Principled ideologies require relentless devotion, and a sense of hope. That is Rothbard’s main point: our current self-concept, as freedom activists, is shaped by America’s recent history. Our current self-concept is that we hold an extreme right-wing ideology, that we are losing ground to the statists, that conservatives are our closest allies in the struggle, and that the masses are hopelessly gullible to populist wiles. The lesson is thus: pick up your chin, trust no statist over another, and resist their barbarity knowing full well that liberty has historically been the stronger — and more popular — position. Remember that for us the most civilized of men, the good news is everywhere!
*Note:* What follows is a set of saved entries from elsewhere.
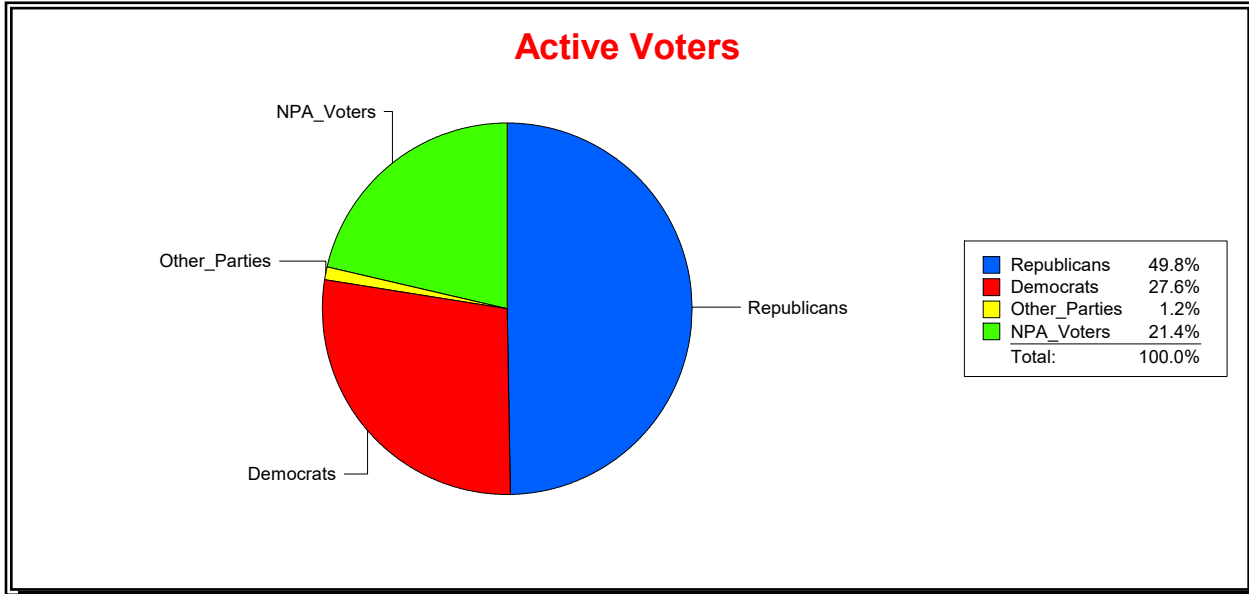

Date 3/1/2023

Time 08:19 AM

Graphs of District Registration

Active Registered Voters

Inactive Voters

District	Total	Dems	Reps	NonP	Other	Total	Dems	Reps	NonP	Other
LONGBOAT KEY 3	1,502	415	748	321	18	68	21	31	16	0
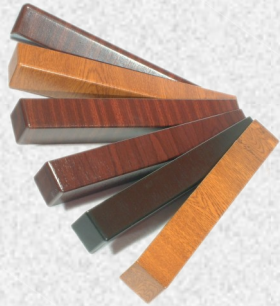

300mm Corners

Square & Ogee
135° External
90° Internal & External

300mm Joints

125° Square & Ogee Gable End Apex Joints

Finials

600mm Corners & Joiners

All available ex-stock in white or woodgrain

Corners and Joiners

External 90° 300mm corners
Any Woodgrain £1.65 each !
Whites only £0.42 each !

300mm Square Trim
Any woodgrain £1.50 each !
Whites only £0.38 each !

Finials

Any Woodgrain £1.75 each !
Whites only £0.85 each !
Coloureds only £1.00 each !
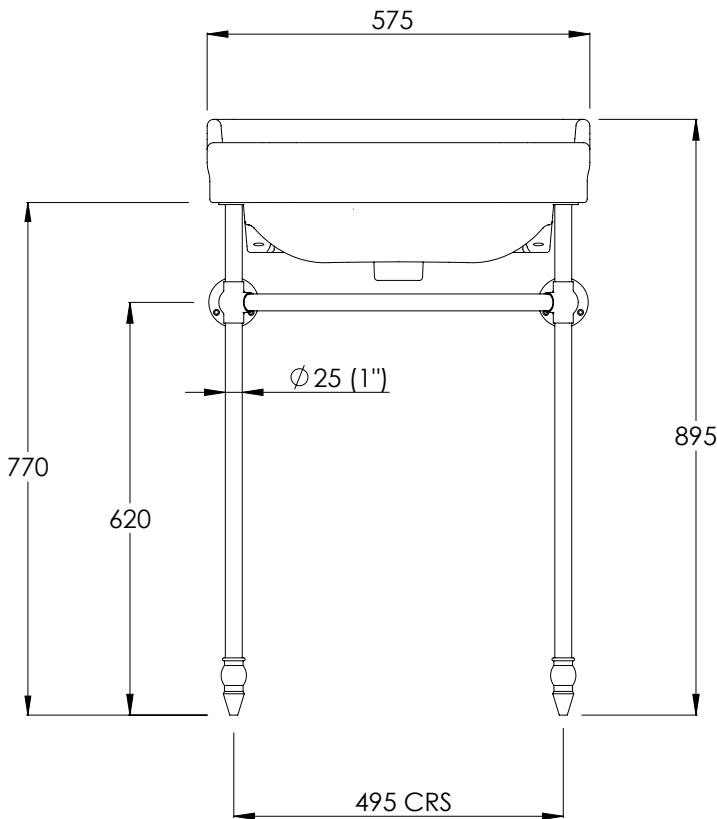

LEFROY BROOKS

IBROC HOUSE ESSEX ROAD
HODDESDON HERTS EN11 0QS UK
T: +44 (0)1992 708 316 F: +44 (0)1992 708 317

LB3226 & LB7723

BALL JOINTED STAND WITH LA CHAPELLE THREE
HOLE NARROW BASIN (57CM)

DIMENSIONAL DATA SHEET

DATE: 10/07/2020

REVISION: A

COPYRIGHT © LBIP LTD. ALL RIGHTS RESERVED

DIMENSIONS IN MILLIMETRES

WHILST EVERY EFFORT IS MADE TO ENSURE THE ACCURACY OF THESE DATA SHEETS THEY ARE SUBJECT TO CHANGE WITHOUT NOTICE AS PART OF THE COMPANY'S PRODUCT DEVELOPMENT PROCESS
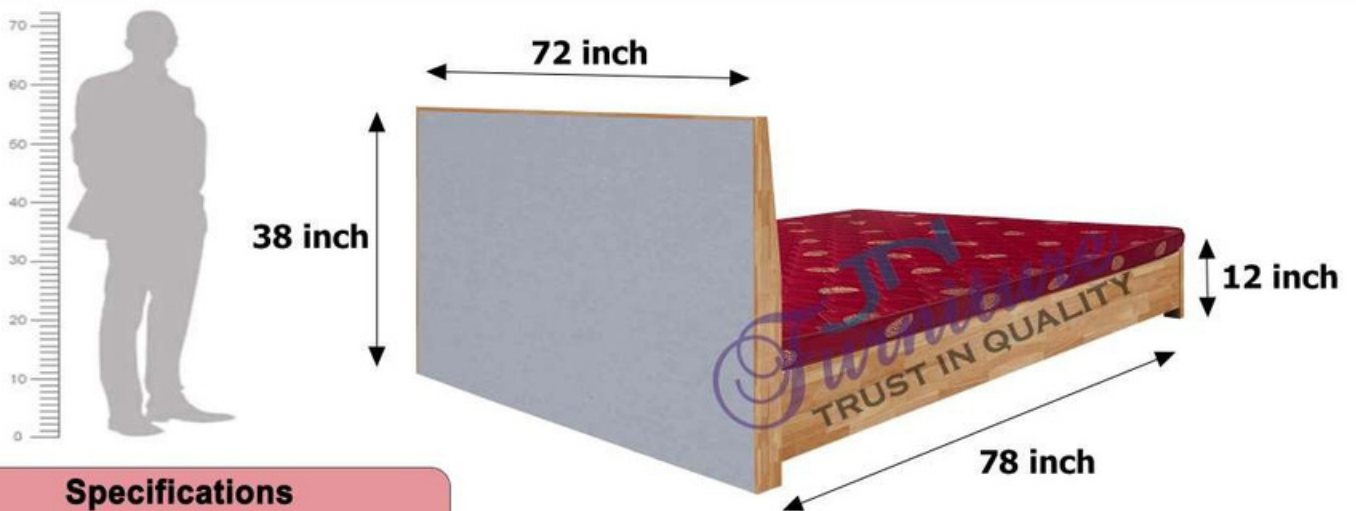

Specifications

Product Name : Bed (KING)
Product Material : Rubberwood
Product Code:JNE_BD_WTBR_NC_KS04
Polish : Melamine PU Finish
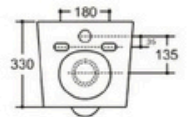

YJ-3302

Floor standing Toilet
Flushing system: Rimless
Size: 540x360x400mm
P-trap: 180mm

YJ-2000

Wall-hung Toilet
Flushing system: Rimless
Size: 570x360x360mm
P-trap: 180mm

YJ-2001

Wall-hung Toilet

Flushing system: Rimless

Size: 570x390x370mm

P-trap: 180mm

YJ-2003

Wall-hung Toilet

Flushing system: Rimless

Size: 570x355x350mm

P-trap: 180mm

YJ-2004

Wall-hung Toilet

Flushing system: Rimless

Size: 540x370x360mm

P-trap: 180mm

YJ-2005

Wall-hung Toilet

Flushing system: Rimless

Size: 520x370x360mm
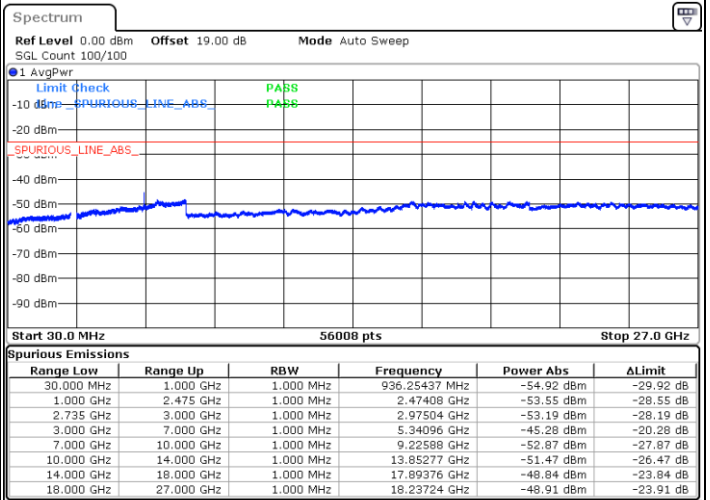

N/A

Date: 16.AUG.2020 20:35:54

LTE Band 41C / 15MHz+20MHz

QPSK

Highest Channel / 1RB0 and 1RB99

Highest Channel / 1RB74 and 1RB0

Date: 16.AUG.2020 21:02:39

Date: 16.AUG.2020 20:55:34

Highest Channel / FullIRB

N/A

Date: 16.AUG.2020 21:04:05

LTE Band 41C / 20MHz+5MHz

QPSK

Lowest Channel / 1RB0 and 1RB24

Lowest Channel / 1RB99 and 1RB0

Date: 16.AUG.2020 11:45:23
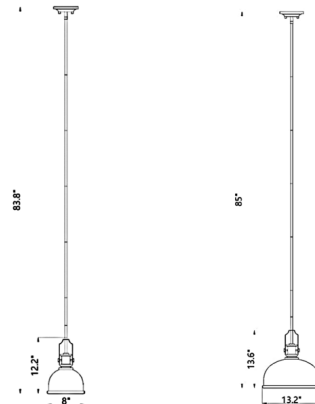

By Z-Lite

Description

The Melange Pendant is a sleek industrial piece, perfect in any room of your home.

Shown in brushed nickel / brushed nickel

Specifications

COLOR Brushed Nickel
BODY FINISH Brushed Nickel
WATTAGE 17W
DIMMER Standard 120V
DIMENSIONS 8"W x 11.75"H x 8"D
BULB NOT INCLUDED 1 x A19/Medium (E26)/17W/120V LED
COUNTRY OF ORIGIN China

Technical Information

PRODUCT DIMENSIONS Downrods Included: 1-3", 1-6", and 5-12" Stems

CLICK TO VIEW PRODUCT

Notes:
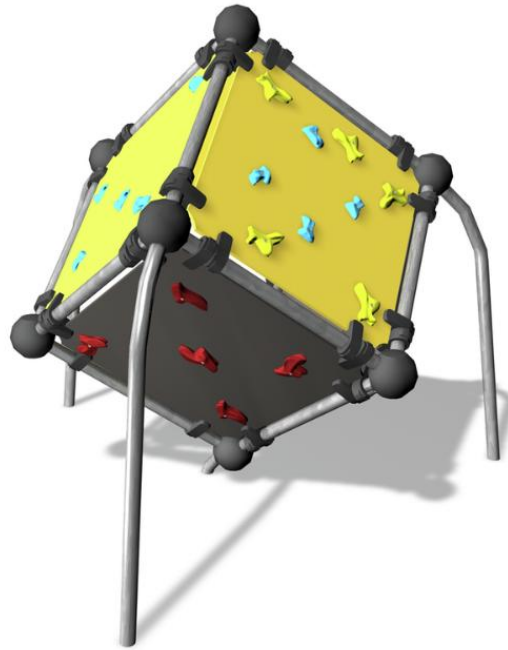

220605

Wall Bouldering Cube S

User age	5+
Number of users	3
Product length, mm	2400
Product width, mm	2420
Product height, mm	2190
Impact area, m ²	17.8
Falling space, m ²	17.8
Height required, mm	3990
Max. free fall height, mm	2190
Safety info	EN 1176-1 and EN 16630
Installation time (for 1), H	7
Foundation options	Deep mounting Surface mounting
Colour of walls and HPL	
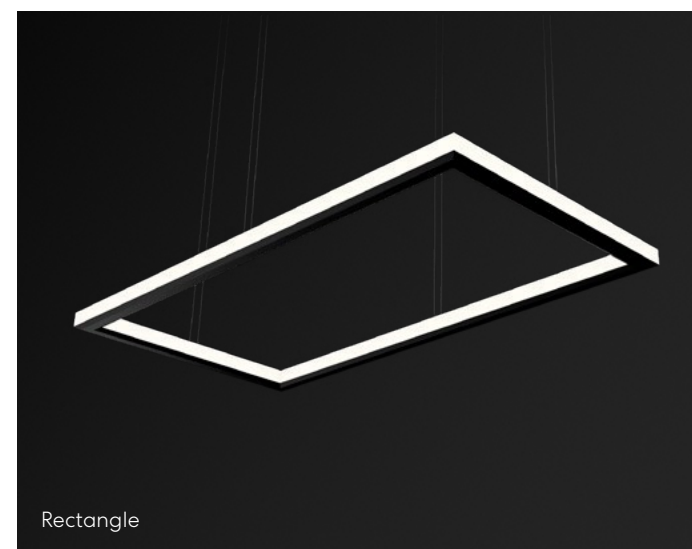

Lumenwerx 

Elia

VOLUMETRIC LIGHT

Presenting Elia

Volumetric Light

Light speaks volumes through Elia, a collection of decorative luminaires with LED arrays illuminating both inward and outward from housings offered in round, square, rectangular, oval, and multiple configurations, in sizes ranging from 2' to 8' in diameter.

Elia's simultaneous inward and outward distributions create distinct volumetric light—perfect for making a statement, reinforcing a design language, establishing a focal point, or adding character to a space.

With Elia, both the luminaire and the light it casts become key elements of an interior design.

4
Shapes + Multiples

UP TO
8' Diameter

Elegant Integrated
Power-over-aircraft
Cable Option

Static White, Duo,
Sola and Quadro

Volumetric
Light

Featuring Elia in Rectangle shapes accompanied by Aera 3 inch round recessed and Pivot track with Dot modules.

Elia Square lights the way to designing an efficient open floor plan.

Elia Square,
White

2 thoughts on “Rothbard’s Political Spectrum

  1. I have written and commented before, about the issue of left-right alliances. I was personally involved with conservative-libertarian-liberal concurrences-of-sorts, starting in 1999 and 2000, with the opposition to globalism and internationalism [though for some different reasons, by each group], on issues such as the WTO, the United Nations, Bill Clinton’s illegal in Kosovo, and other aspects of the New World Order.

    This has been present more recently, with regard to the Iraq war, in addition to privacy and other contemporary topics. There are conservatives and liberals on both sides of those issues, something which I’ve blogged about several times before, during the past few years.

    I war reminded of this, just yesterday, especially after seeing this article, regarding the recent protests about the Montebello summit, regarding the North American Union.

    This was written prior to 9/11… even then there was an anti-war movement taking place, which had continued from the Clinton administration (during which and were founded).

    As Murray Polner said in that piece… Why not?

    If that’s what it’s going to take, to stop the madness… then we all need to work together.

  2. I agree that creating a ‘bigger tent’ will ultimately benefit liberty, peace, and good governance.

    I’m a little puzzled about your discussion of libertarians joining a chorus against globalization. The United Nations does, of course, promote a nationalist and anti-liberal world order. It prohibits secession and legitimizes the dominance of federal empires (US, Russia, China). However, melting borders and globalized trade are certainly a byproduct of a spreading belief in economic freedom. If governments would only allow people to move as freely as they are now allowing goods.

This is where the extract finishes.